A Associação Nacional de Sargentos (ANS) vai apelar aos grupos parlamentares e ao Provedor de Justiça para que suscitem a fiscalização sucessiva do Orçamento do Estado para 2014.

Em comunicado divulgado esta segunda-feira e citado pela Lusa, a ANS criticou o Presidente da República por ter dispensado a fiscalização preventiva do diploma, afirmando que Cavaco Silva «preferiu dar cobertura à eventual inconstitucionalidade».

«Preferiu dar satisfação às entidades estrangeiras que continuam a exigir a perda da nossa soberania, em detrimento da qualidade das condições de vida dos cidadãos portugueses», criticou a ANS.

No entanto, «o facto de o Presidente não o ter feito não significa que a causa esteja perdida», considerou a ANS, frisando que «ainda existem mecanismos que podem e devem ser utilizados para assegurar que os direitos, os princípios e os valores inscritos na Constituição da República portuguesa sejam respeitados, à semelhança do que aconteceu com o anterior Orçamento de Estado», refere a ANS.

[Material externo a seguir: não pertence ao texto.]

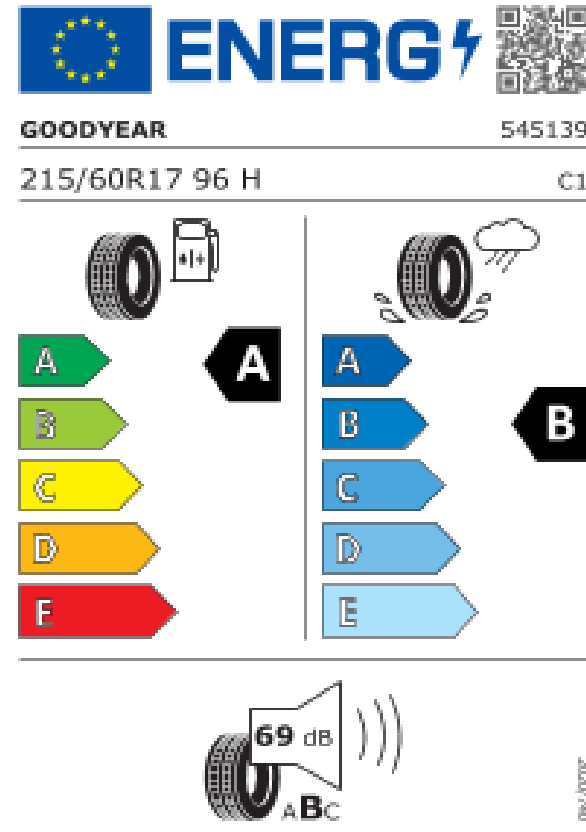

(1) Overeenkomstig 1999/99/EC.

(2) Gegevens volgens EEG-richtlijnen.Tarra-toestand is met een bestuurder van 75kg, 90% volle tanks, 7kg bagage, koelwater, smeermiddelen, reservewiel en gereedschap. Het gewicht is afhankelijk van gemonteerde toebehoren en opties.

(3) Overeenkomstig WLTP

16"

17"

19"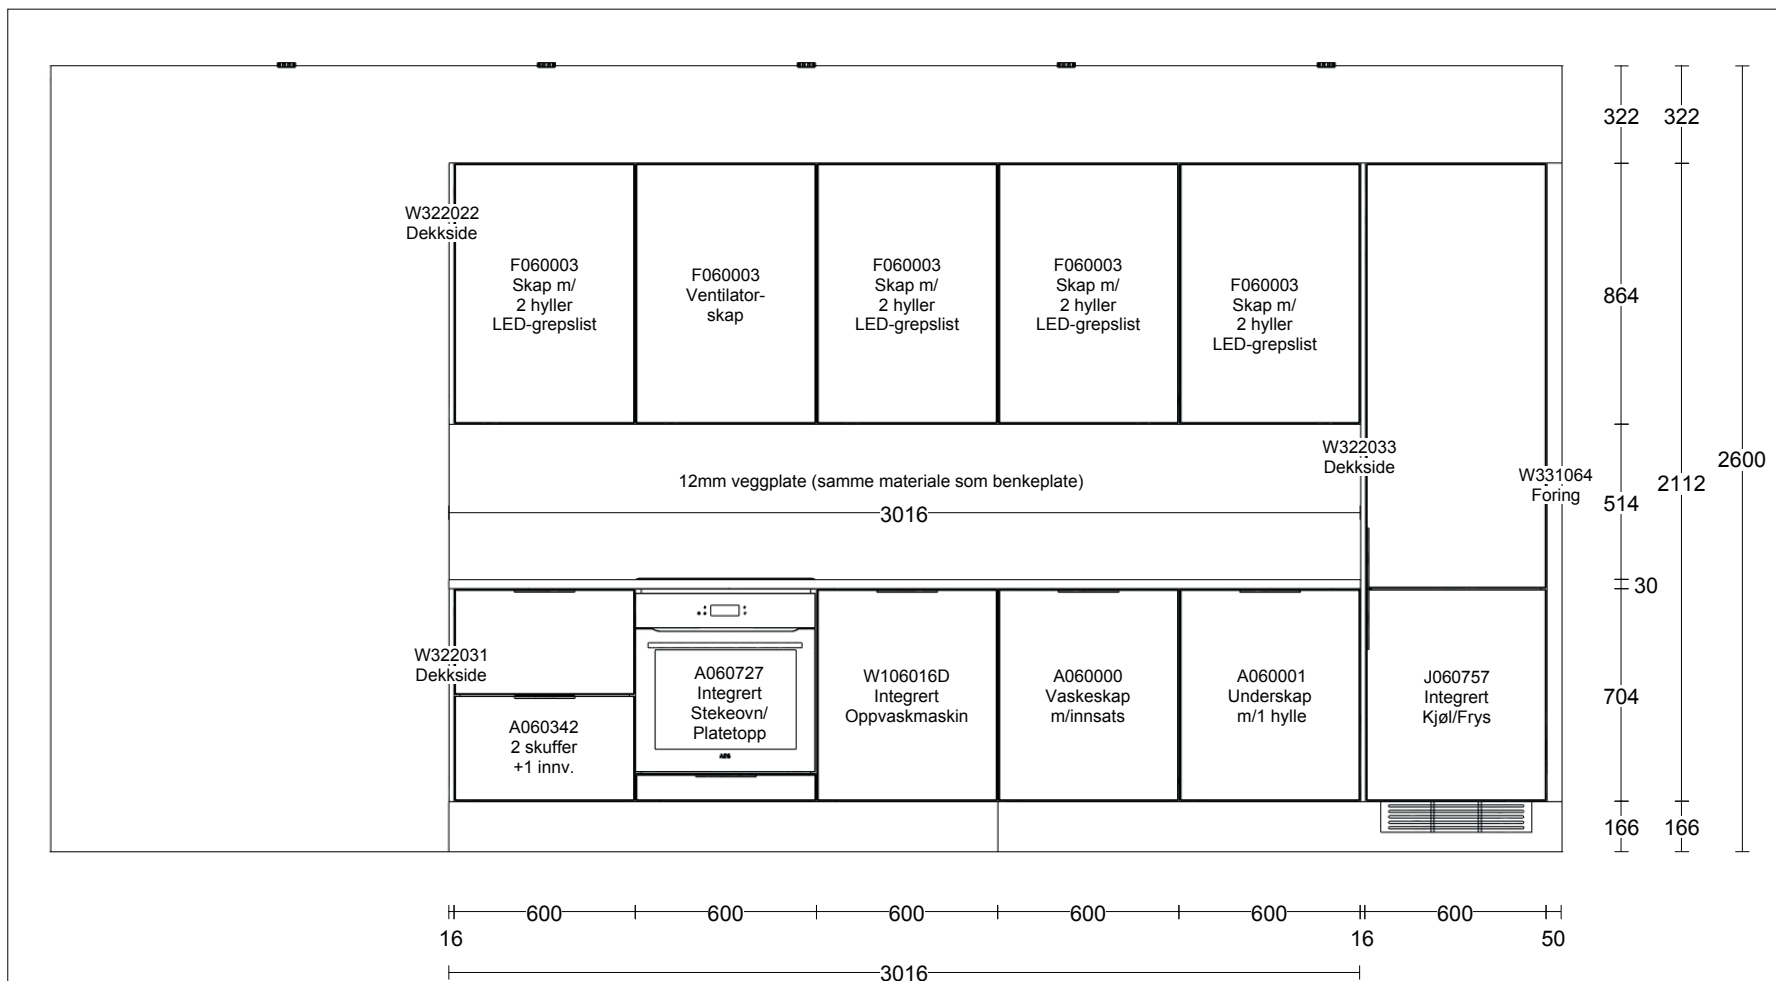

Kunde/Leveringsadresse: Ruud Entreprenør 1 AS Brobekkveien 80c, 0582 Oslo	Butik: HTH Prosjektavdeling AS Strømsveien 245 . 0668 OSLO Selger: Alice Ringdal	Info: Model: Base Tilbudsnr: PR406014 , Tegningsnr: 1 Revidert: 2024-01-16, Revisionsnr: 2 Opprettet: 2024-01-16 Skala: Skalere til å passe (Dybde mål er eksklusivt) Lev. uke/år: 0 2023 Tegningen er kun en visuell visn (C) Copyright HTH Kjøkkenforum og ikke en ordre bekreftelse.	 www.hth.no
Ruud Entreprenør 1 AS Sørkedalsveien 307 2, H0202 0754 Oslo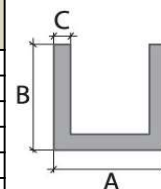

Forma U							
Materiał	Kolor	Wymiary	Grubość	Ilość	1,0 m	2,0 m	2,6 m
aluminium	srebro naturalne	10x8	1,5	10			
		12x12	2	10			
		20x10	1,5	10			
aluminium anodowane	srebro	10x8	1,5	10			
		16x13	1,5	10			
		20,5x9	1	10			
		20x10	1,5	10			
	złoto	20x20	1,5	10			
		20,5x9	1	10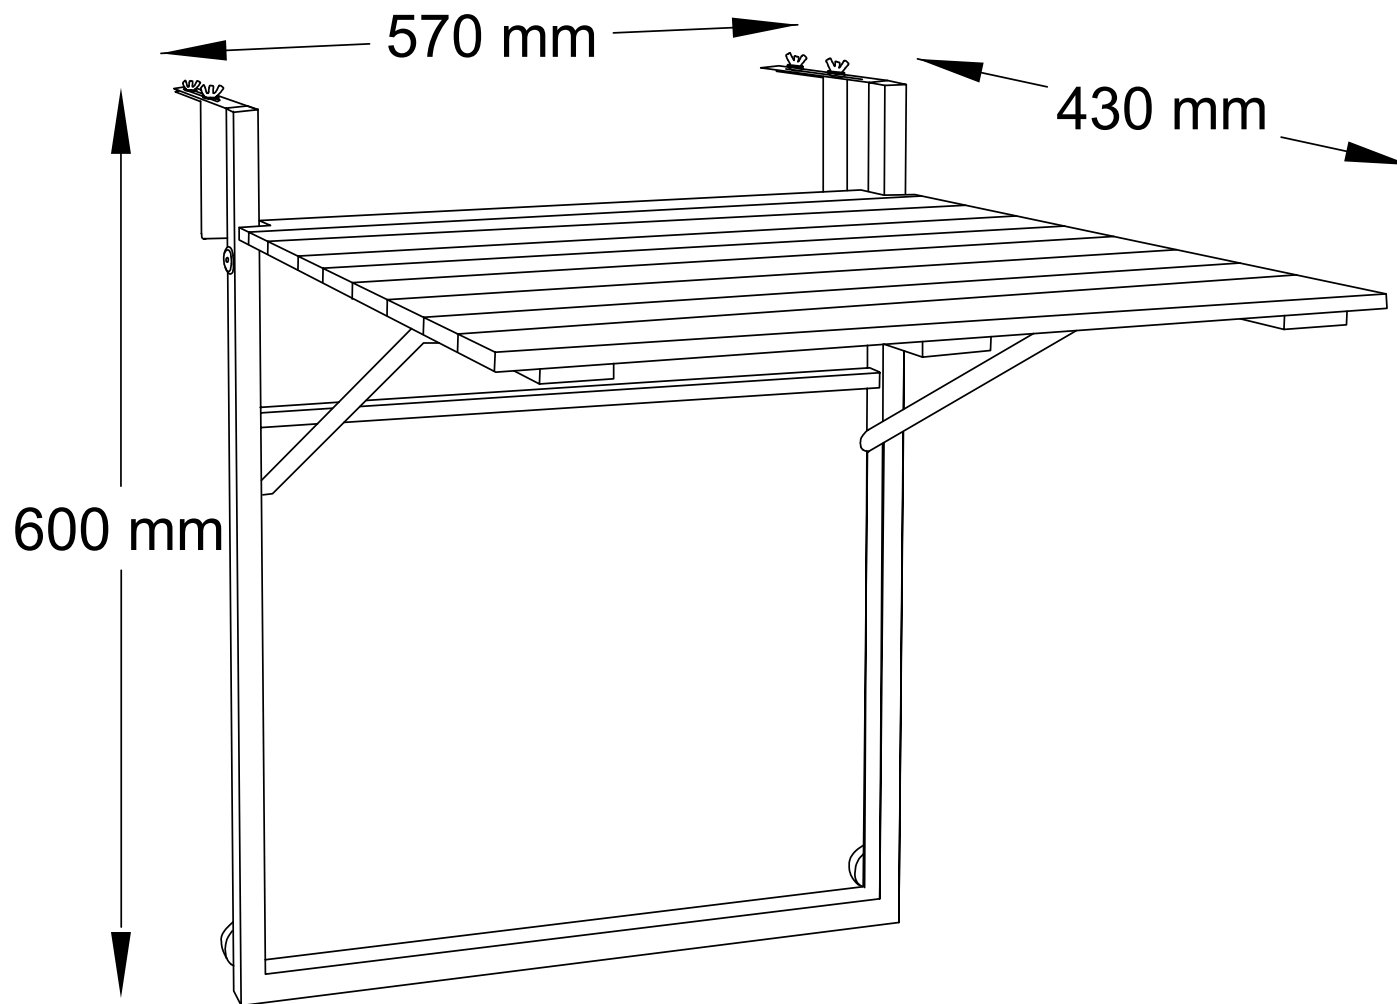

Caractéristiques

Art nr. : 244339 Naturel

Poids : 3,2 kg

Charge maximale autorisée avec répartition uniforme : 25 kg

Matériaux : Bois d'acacia

Afmetingen / Dimensions

Montage

				<table border="1"> <thead> <tr> <th>D</th> <th>E</th> <th>F</th> </tr> </thead> <tbody> <tr> <td></td> <td></td> <td></td> </tr> <tr> <td>6 x 20</td> <td>1 x 6 x 16</td> <td></td> </tr> <tr> <td>x 4</td> <td>x 4</td> <td>x 1</td> </tr> </tbody> </table>	D	E	F				6 x 20	1 x 6 x 16		x 4	x 4	x 1
D	E	F														
																
6 x 20	1 x 6 x 16															
x 4	x 4	x 1														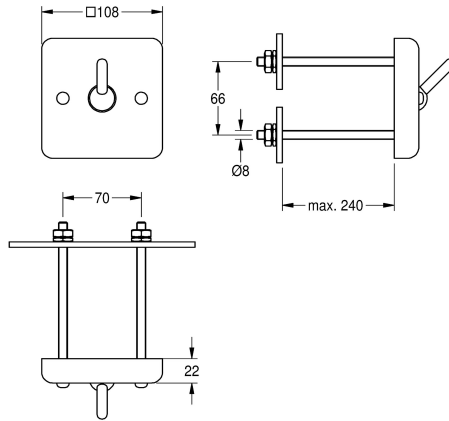

## KWC HEAVY-DUTY Klädkrok

Modell-Linie: HEAVYDUTY | HDTX693  
Sanitetsutrustning | Klädkrok

### KWC-No.

**2000090046**

Dimensions 108 x 108 x 52 mm (W x H x D)

**2000090047**

Version for installation from the rear, with threaded pins for vandalism-resistant installation via utility room

### Technical Data

Antal krokar

1

Material

Rostfritt stål

Materialkod

1.4301

Material tjocklek

2 mm

Övergripande djup

52 mm

Total höjd

108 mm

Total bredd

108 mm

Special funktion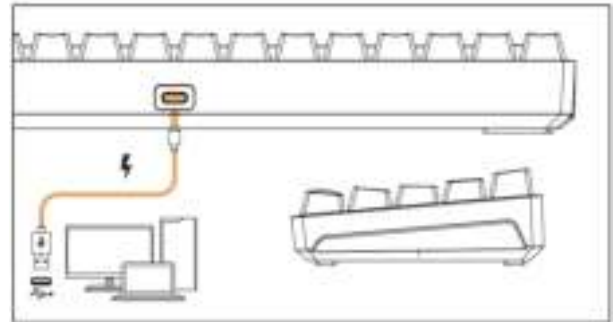

Inbegrepen in de verpakking

- 1x Mechanisch toetsenbord
- 1x USB-kabel
- 1x USB Dongle
- 1x Clipper

Gebruik

Basis product

Nederlands

Type C kabel

Gebruiksaanwijzing

Afmetingen (l x b x h)	10 x 31 x 3,5 cm (lxbxh)
Opmaak toetsenbord	68 toetsen
Achtergrondverlichting	Led
Schakelaar	Mechanisch

Systemondersteuning:

Windows/Xp/Vista/7/8/9/10
ios/macOS/Android

Bedrade modus

Nederlands

Draadloze verbinding & opladen

Nederlands

Bluetooth verbinding (alleen voor apparaten met een bluetooth functie)

* Nadat de USB-kabel is ingevoerd, zal de spatiebalk 3 keer knipperen om aan te geven dat het toetsenbord wordt opgeladen. De spatiebalk zal 5 keer knipperen als het toetsenbord volledig is opgeladen.

Contactado pela Lusa, António Lima Coelho adiantou que, se o Presidente da República não vetar o Orçamento, a ANS irá entregar aos grupos parlamentares, ao Provedor de Justiça e ao Tribunal Constitucional «um ofício a apelar para a fiscalização sucessiva» do diploma.

«No ano em que se comemora o 40º aniversário da Revolução de 25 de Abril de 1974, é urgente cerrar fileiras na defesa da Constituição que dela resultou», argumentou a ANS.

Lima Coelho acusou ainda o Governo de promover um «ataque inaceitável» à saúde militar, à assistência social complementar, «às condições sociais e assistenciais dos militares e suas famílias», referindo-se a alterações em curso à legislação enquadradora da condição militar.

O dirigente da ANS disse que o ministério da Defesa contactou a Associação para que «dê contributos» à reforma daquela legislação, mas sem lhe apresentar «medidas ou propostas concretas».

«Como é que nós nos vamos pronunciar sobre umas medidas que desconhecemos?», questionou.